List each line of the data that holds the string "Argentina".

◆ INFORMATION PROVIDED:
┄┄┄┄┄┄┄┄┄┄┄┄┄┄┄┄┄┄┄┄
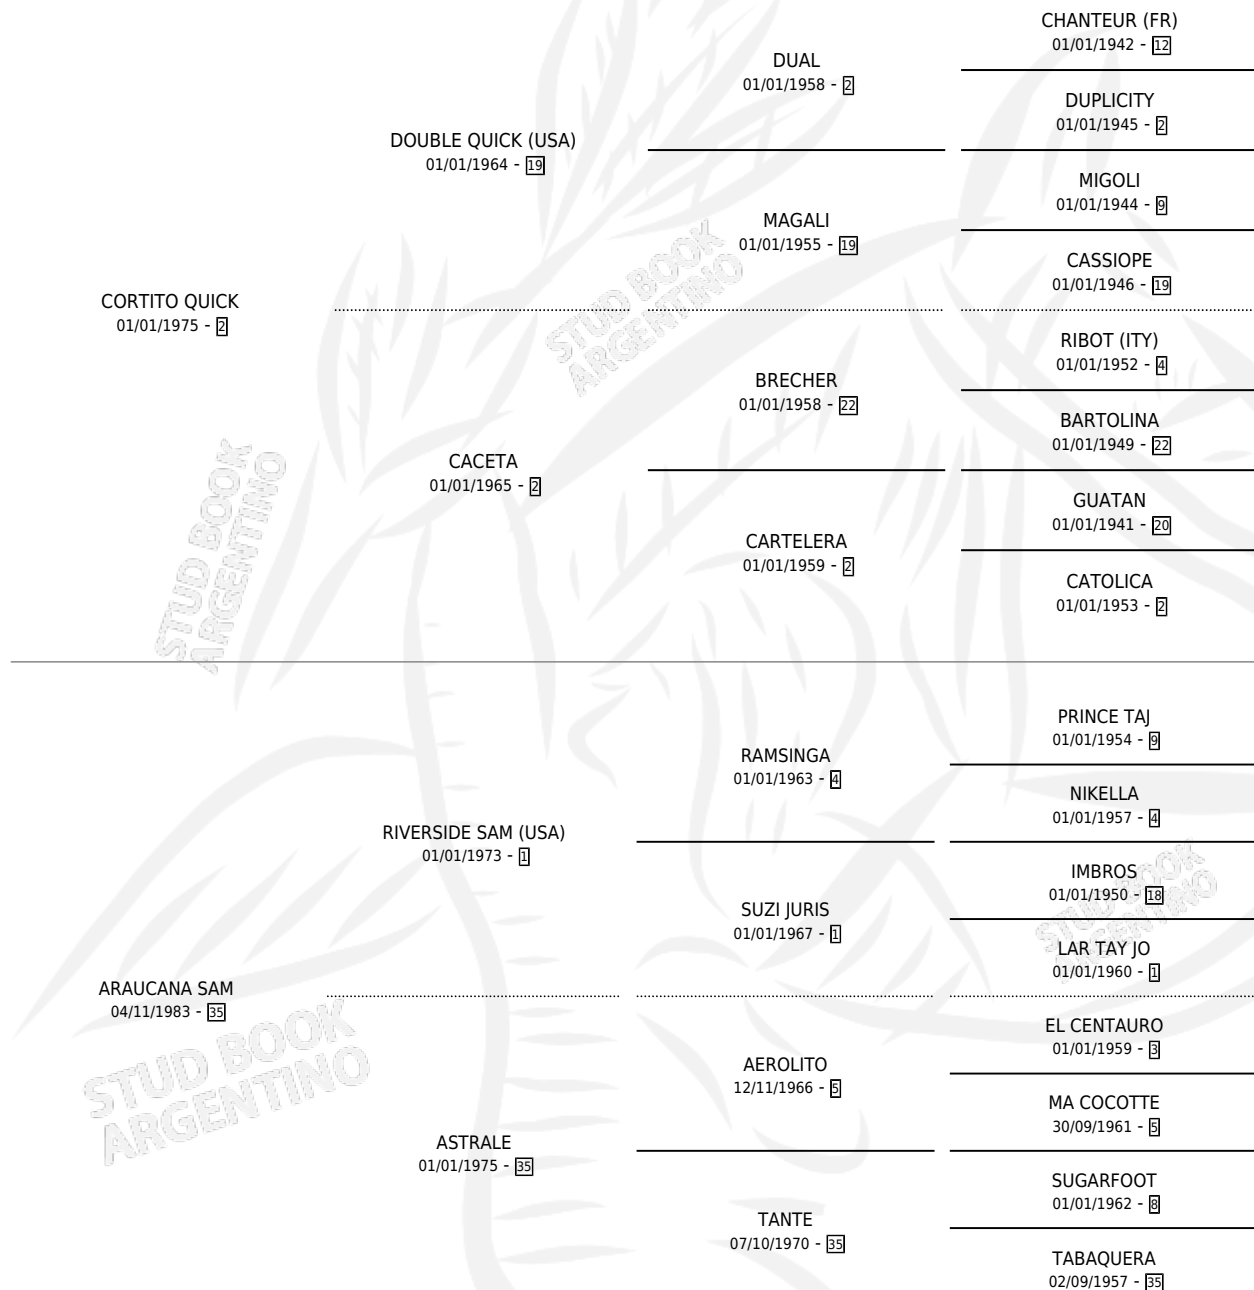

RIVERO QUICK

por CORTITO QUICK y ARAUCANA SAM por RIVERSIDE SAM (USA)

Argentina · Macho · Zaino · SP · 15/11/1991
Familia 35 · Volumen 34

ESTADO

TIPIFICACIÓN SANGUÍNEA	X
TIPIFICACIÓN POR ADN	X
PASAPORTE	X
IDENTIFICACIÓN POR MICROCHIP	X
REPRODUCTOR	X

Lugar de nacimiento: Montequieto Ranch
Criador: Sin dato

PEDIGREE

CAMPAÑA

Solo carreras oficiales de Argentina

POR EDAD

EDAD	CC	1°	2°	3°	4°	5°	NP	CLC	CLG	CLCG1	CLGG1	IMPORTE	GANANCIA / CC
3 AÑOS	2	0	0	0	0	0	2	0	0	0	0	\$0	\$0
4 AÑOS	1	0	0	0	0	0	1	0	0	0	0	\$0	\$0
TOTALES	3	0	0	0	0	0	3	0	0	0	0	\$0	\$0
%		0.0%	0.0%	0.0%	0.0%	0.0%	100%	0.0%	0.0%	0.0%	0.0%
┄┄┄┄┄┄┄┄┄┄┄┄┄┄┄┄┄┄┄┄
◆ ANSWER TO THE PROBLEM:
Argentina · Macho · Zaino · SP · 15/11/1991
Solo carreras oficiales de Argentina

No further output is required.